LIKE Clause not working due to php variable

Question

this is my code....have tried to echo the $sql but it shows '%Search%'...but i want to use it as $Search .. plz help ...

Below is my entire code for search...

if(isset($_POST['search']))

 {

$search=$_POST['search'];

$criteria=$_POST['criteria'];

$table='alumni';

mysql_real_escape_string($search);

if($criteria=='ALL')

{

$sql="SELECT UNAME FROM `alumni` ";

$result=mysql_query($sql); 

if (!$result) {

die('Invalid query: ' . mysql_error());

}

while ($row=mysql_fetch_array($result))

{

echo"<tr><td><a>".$row['UNAME']."</a></td></tr>"; 

}

}

                                    if($criteria=='UNAME' || $criteria=='FNAME' || $criteria=='BATCH')

{

//echo $criteria;

$sql="SELECT UNAME FROM `alumni` WHERE ".$criteria." LIKE '%".$search."%'";

//echo $sql;

$result=mysql_query($sql); 

if (!$result) {

die('Invalid query: ' . mysql_error());

}

while ($row=mysql_fetch_array($result))

{

echo"<tr><td><a>".$row['UNAME']."</a></td></tr>"; 

}

}


}

?>

Answer 1

From testing the above code there seems to be nothing wrong, if you pass search=Test you get:

SELECT UNAME FROM `alumni` WHERE FNAME LIKE '%Test%'

If you are always getting...

SELECT UNAME FROM `alumni` WHERE FNAME LIKE '%Search%'

...no matter the value you fill in your search form it would suggest there is a problem with how that form works, or how the post data is put together.

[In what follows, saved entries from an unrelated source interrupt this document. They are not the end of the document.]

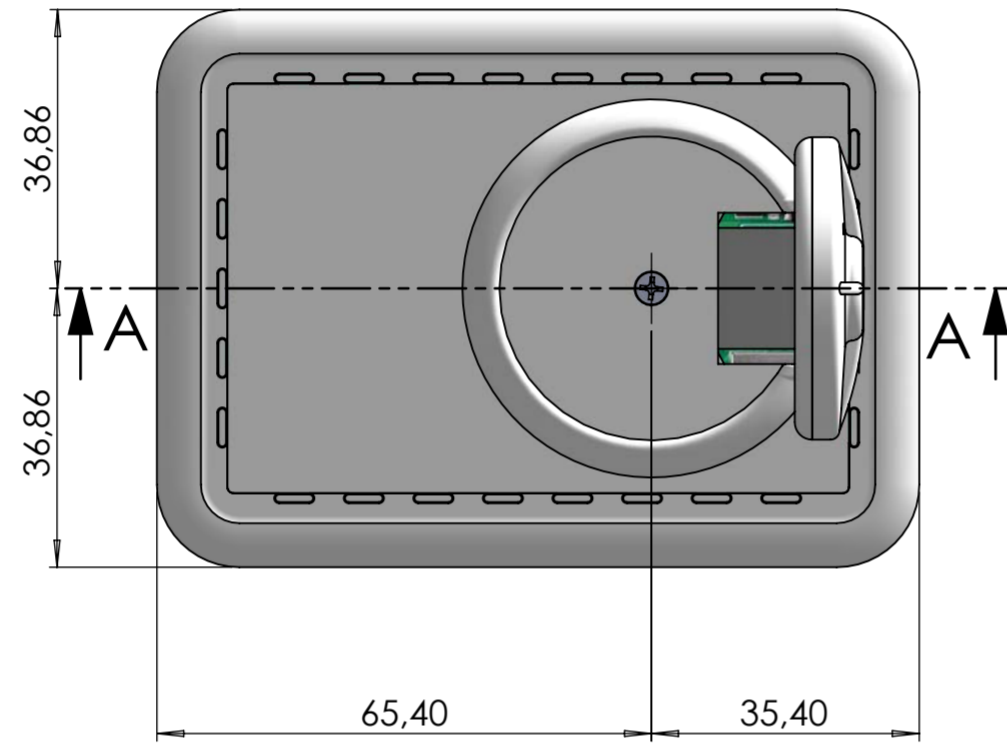

SEZIONE A-A

73,1

36,86

65,40

35,40

50

R20

TOP EXTERNAL VIEW

Ø 44

TOP INTERNAL VIEW

TEK-CAM4.40

TEK-CAM4.9

TEK-CAM4.0

TEK-CAM4.0

TEK-CAM4.40

TEK-CAM4.9
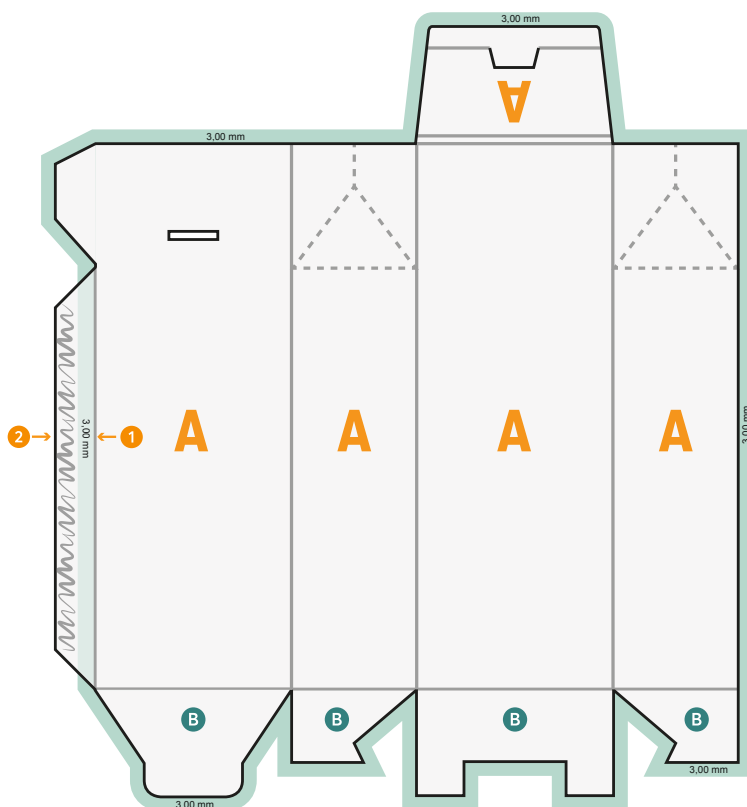

Torebeczki kartonowe ze składanym dnem

Dowolny format

Z szerokość

X długość

Y wysokość

- Dowolny format
- **Odstęp bezpieczeństwa**
4 mm: Odstęp tekstu/informacji od krawędzi formatu końcowego, zapobiega to obcięciu tekstu.

Zwróć uwagę:

- Ustaw jak podano dodatek na spód i odstęp bezpieczeństwa.
- Ustaw kolory tła, zdjęcia lub grafiki aż do krawędzi formatu danych
- Podczas produkcji w wyniku docinania, wykrajania lub składania mogą wystąpić tolerancje.
- Szkic nie jest odwzorowany w skali.
- Wskazówki dotyczące danych do druku znajdziesz w menu "Dane do druku" na www.onlineprinters.pl

Torebeczki kartonowe ze składanym dnem

Dowolny format

- B** Spód
- N** niewidoczne
- L** Obszar warunkowo widoczny
- Dodatek na spad

- 1** Motyw nadruku musi wychodzić 3 mm poza krawędź klapki samoprzylepnej (przepełnienie)
- 2** Pozostała część klapki musi pozostać niezadrukowana
- 3** Spad na całym obwodzie 3 mm
- 4** Czarne elementy utworzyć jako 100% czarne (np. kody kreskowe takie jak EAN, kody QR, teksty itp.)
- 5** Pokrycie farbą maksymalnie 300%

- Dowolny format
- **Odstęp bezpieczeństwa**
4 mm: Odstęp tekstu/informacji od krawędzi formatu końcowego, zapobiega to obcięciu tekstu.

Zwróć uwagę:

- Ustaw jak podano dodatek na spad i odstęp bezpieczeństwa.
- Ustaw kolory tła, zdjęcia lub grafiki aż do krawędzi formatu danych
- Podczas produkcji w wyniku docinania, wykrajania lub składania mogą wystąpić tolerancje.
- Szkic nie jest odwzorowany w skali.
- Wskazówki odnośnie danych do druku znajdziesz w menu "Dane do druku" na www.onlineprinters.pl
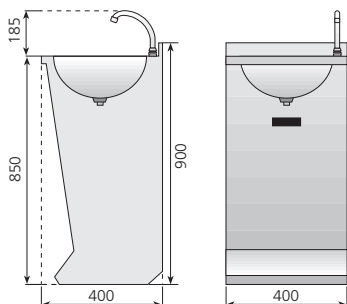

### Lavabo rectangular de 500 x 350 mm

Modelo	Referencia	Medidas totales (mm)	Medidas cubetas (mm)	P.V.P. Euros €
LB-535	1426104	500 x 350 x 245	380 x 285 x 140	-

Modelo	Referencia	Descripción	Medidas totales (mm)	P.V.P. Euros €
LP-54	1413101	Lavamanos de pie	500 x 450 x 850	-

LP-44

LP-44-EL

Lavamanos LP-44 "Sistema PUSH". Pulsador temporizado oculto. Sistema de accionamiento que aporta seguridad y comodidad al ser utilizado, ya que no sobresale del lavamanos ningún elemento.

LP-44 / LP-44-D

LP-44-EL

Modelo	Referencia	Descripción	Medidas totales (mm)	P.V.P. Euros €
LP-44	1416113	Lavamanos de pie con Sistema Push y caño giratorio	400 x 400 x 850	-
LP-44-D	1416114	Lavamanos de pie con Sistema Push y dosificador de jabón	400 x 400 x 850	-
LP-44-EL	1416115	Lavamanos de pie con grifo electrónico*	400 x 400 x 850	-
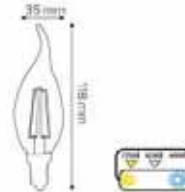

FILAMENT CANDLE-2

001 013 0002

- 220-240V / 50-60Hz
- Average Life: 20.000 Hrs.
- 160 lm
- 2700K/ 4200K

FILAMENT CANDLE-4

001 013 0004

- 220-240V / 50-60Hz
- Average Life: 20.000 Hrs.
- 320 lm
- 2700K/ 4200K

FILAMENT FLAME-2

001 014 0002

- 220-240V / 50-60Hz
- Average Life: 20.000 Hrs.
- 160 lm
- 2700K/ 4200K

FILAMENT FLAME-4

001 014 0004

- 220-240V / 50-60Hz
- Average Life: 20.000 Hrs.
- 320 lm
- 2700K/ 4200K

FILAMENT GLOBE-4

001 015 0004

- 220-240V / 50-60Hz
- Average Life: 20.000 Hrs.
- 320 lm
- 2700K/ 4200K

FILAMENT GLOBE-6

001 015 0006

- 220-240V / 50-60Hz
- Average Life: 20.000 Hrs.
- 400 lm
- 2700K/ 4200K

FILAMENT GLOBE-8

001 015 0008

- 220-240V / 50-60Hz
- Average Life: 20.000 Hrs.
- 500 lm
- 2700K/ 4200K

LED LAMP / LED TUBE / LED CAPSULE
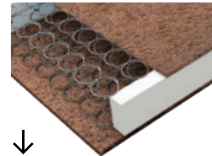

↓
Υψος παιδικού στρώματος: 17 cm

ΥΦΑΣΜΑΤΑ

ΥΦΑΣΜΑ ΖΑΚΑΡ ΒΑΜΒΑΚΕΡΟ

Άνεση και απαλή αίσθηση χάρη στην υψηλή περιεκτικότητα σε φυσικό βαμβάκι. Φιλικό προς το περιβάλλον, μη τοξικό και βραδύκαυστο.
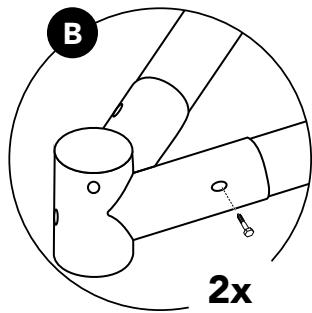

Charlotte

ART. NR. 5930002

Swing King

Charlotte

25 m²

1

2

3,5 mm

3

3,5 mm

4

3,5 mm

1 cm

5

3,5 mm

6
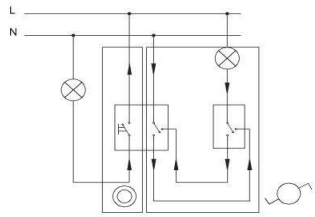

DEVRE ŞEMASI / CIRCUIT DIAGRAM

RENK SEÇENEKLERİ / COLOR OPTIONS

XXX-010200-281	BEYAZ	WHITE
XXX-010300-281	KREM	CREAM
XXX-011000-281	M.GRİ	METALLIC GREY
XXX-011100-281	FÜME	FUME
XXX-011400-281	TİTANYUM	TITANIUM
XXX-011610-281	AÇIK SARI	LIGHT YELLOW
XXX-011710-281	TURUNCU	ORANGE
XXX-011810-281	YEŞİL	GREEN
XXX-011910-281	TURKUAZ	TURQUOISE
XXX-012010-281	LİLA	LILAC
XXX-012110-281	LACİVERT	DARK BLUE
XXX-012210-281	BORDO	CLARET RED
XXX-012300-281	VANİLLA GRANİT	VANILLA
XXX-012400-281	OLİVE GRANİT	OLIVE
XXX-012500-281	FİLDİŞİ	IVORY
XXX-012700-281	AKÇAAĞAÇ	MAPLE
XXX-012800-281	YENİ KIRAZ	NEW CHERRY
XXX-012900-281	MAUN	MAHOGANY
XXX-060200-281	ANTİBACTERIAL	ANTİBACTERIAL

XXX ⇨ 500 ZENA
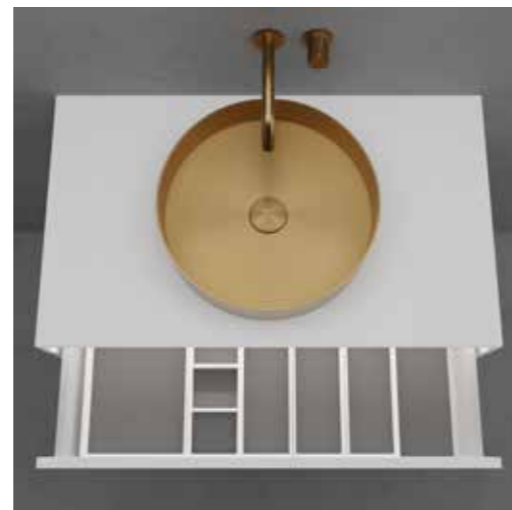

Tuotenro Hinta

46252 € 2969

Lisätietoja osoitteessa scandtap.com
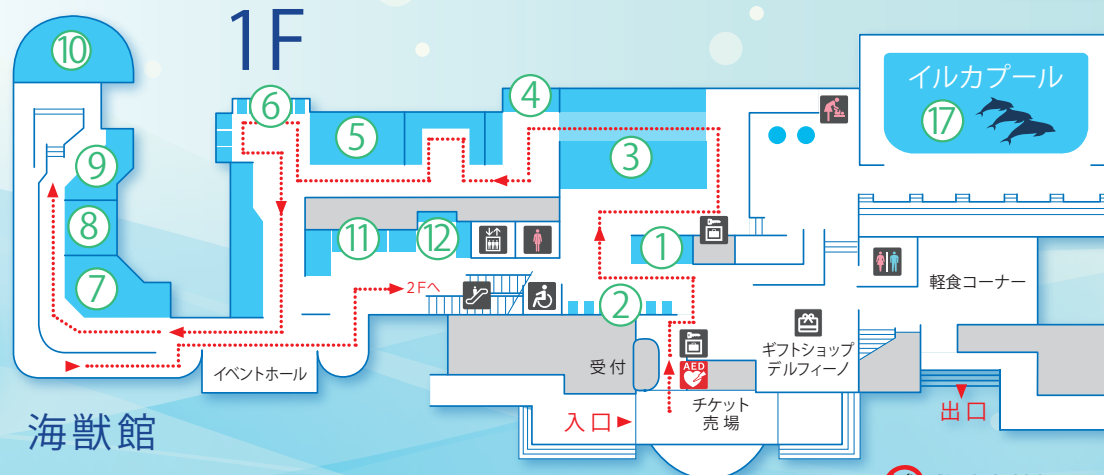

# Floor Map フロアマップ

1 ウミガメ

2 両生類

3 トンネル水槽「むつ湾の海」

17 イルカプール

18 いるか館

4 青森の海

5 サンゴ礁の魚

6 クラゲ水槽

14 熱帯淡水魚

15 ピラニア水槽

- トイレ
- 優先トイレ
- エレベーター
- エスカレーター
- ショップ
- 授乳室
- おむつ交換台
- AED
- コインロッカー
- カフェ

7 ゼニガタアザラシ

8 ゴマフアザラシ

16 タッチコーナー

9 アンボルトペンギン
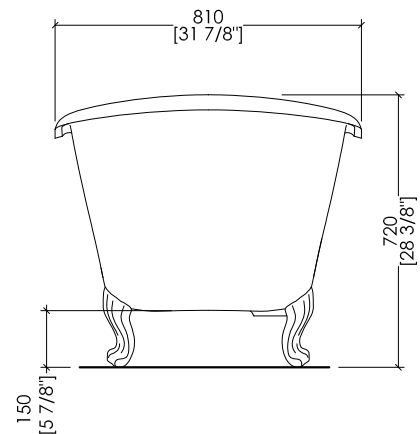

Devon&Devon

ADMIRAL LUX

PIEDE MODELLO: DECÒ
FOOT MODEL: DECÒ

2MRADMILUXVECRDD

- ▶ VASCA (SENZA FORI) CON PIEDI MODELLO DECÒ
- ▶ VASCA:
 - MATERIALE: ghisa con interno smaltato ed esterno lucidato
- ▶ FINITURA PIEDI: alluminio lucido
- ▶ TOLLERANZA: ± 2 %
- ▶ DIMENSIONE IMBALLO: mm 2000x900x1000 H
- ▶ PESO NETTO: 175.6 Kg
- ▶ PESO LORDO: 205.6 Kg
- ▶ VOLUME: 195 L

N.B. Tutte le misure sono in millimetri/pollici. Questo disegno è di proprietà Devon&Devon. Non può essere riprodotto o trasmesso a terzi senza autorizzazione.

- ▶ BATHTUB (WITHOUT HOLES) WITH DECÒ MODEL FEET
- ▶ BATHTUB:
 - MATERIAL: cast iron enamelled internally and outside hand polished
- ▶ FEET FINISH: polished aluminium
- ▶ TOLERANCE: ± 2 %
- ▶ PACKAGING SIZE: inch 78 3/4"x 35 3/8"x 39 3/8" H
- ▶ NET WEIGHT: 387.1 Lbs
- ▶ GROSS WEIGHT: 453.3 Lbs
- ▶ VOLUME: 51.5 Gal

2MRADMILUXVECRDD

- ▶ VASCA (SENZA FORI) CON PIEDI MODELLO EAGLE
- ▶ VASCA:
 - MATERIALE: ghisa con interno smaltato ed esterno lucidato
- ▶ FINITURA PIEDI: alluminio lucido
- ▶ TOLLERANZA: ± 2 %
- ▶ DIMENSIONE IMBALLO: mm 2000x900x1000 H
- ▶ PESO NETTO: 175.6 Kg
- ▶ PESO LORDO: 205.6 Kg
- ▶ VOLUME: 195 L

N.B. Tutte le misure sono in millimetri/pollici. Questo disegno è di proprietà Devon&Devon. Non può essere riprodotto o trasmesso a terzi senza autorizzazione.

- ▶ BATHTUB (WITHOUT HOLES) WITH SHIELD MODEL FEET
- ▶ BATHTUB:
 - MATERIAL: cast iron enamelled internally and outside hand polished
- ▶ FEET FINISH: polished aluminium
- ▶ TOLERANCE: ± 2 %
- ▶ PACKAGING SIZE: inch 78 3/4"x 35 3/8"x 39 3/8" H
- ▶ NET WEIGHT: 414.5 Lbs
- ▶ GROSS WEIGHT: 480.6 Lbs
- ▶ VOLUME: 51.5 Gal
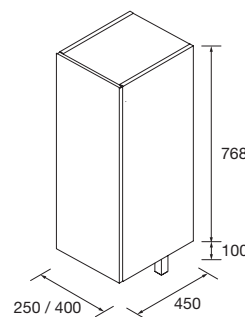

COQUETA AO CHÃO ALLIANCE

Coqueta ao chão reversível de 1 porta com sistema de abertura push e interiores em Carbon-TX. Dobradiças de abertura 110°. Com duas prateleiras reguláveis em altura. Pé de reforço/união incluído.

Compatível com as séries: Fussion Line / Spirit

	branco brilho		cinza brilho		sbiancato		natural		carvalho áfrica		pinho baía		alsacia	
	COD	€	COD	€	COD	€	COD	€	COD	€	COD	€	COD	€
250	26847		26848		26852		26850		91080		26851		26853	
400	26854		26855		26859		26857		91081		26858		26860	

JOGO 2 PÉS CROMADOS

Jogo de 2 pés cromados altura 330. 30 x 30 x 330 mm

cromado	
COD	€
23899

The code you've posted above, whilst rather out-dated, works as you would expect from code that searches a database.

If you could post more information with regard to how this script is called or used you'll probably get a more accurate answer from someone.

Answer 2

If you use double quotes you can put you variables in strings without closing them.

Try:

$sql="SELECT UNAME FROM `alumni` WHERE $criteria LIKE '%$search%'";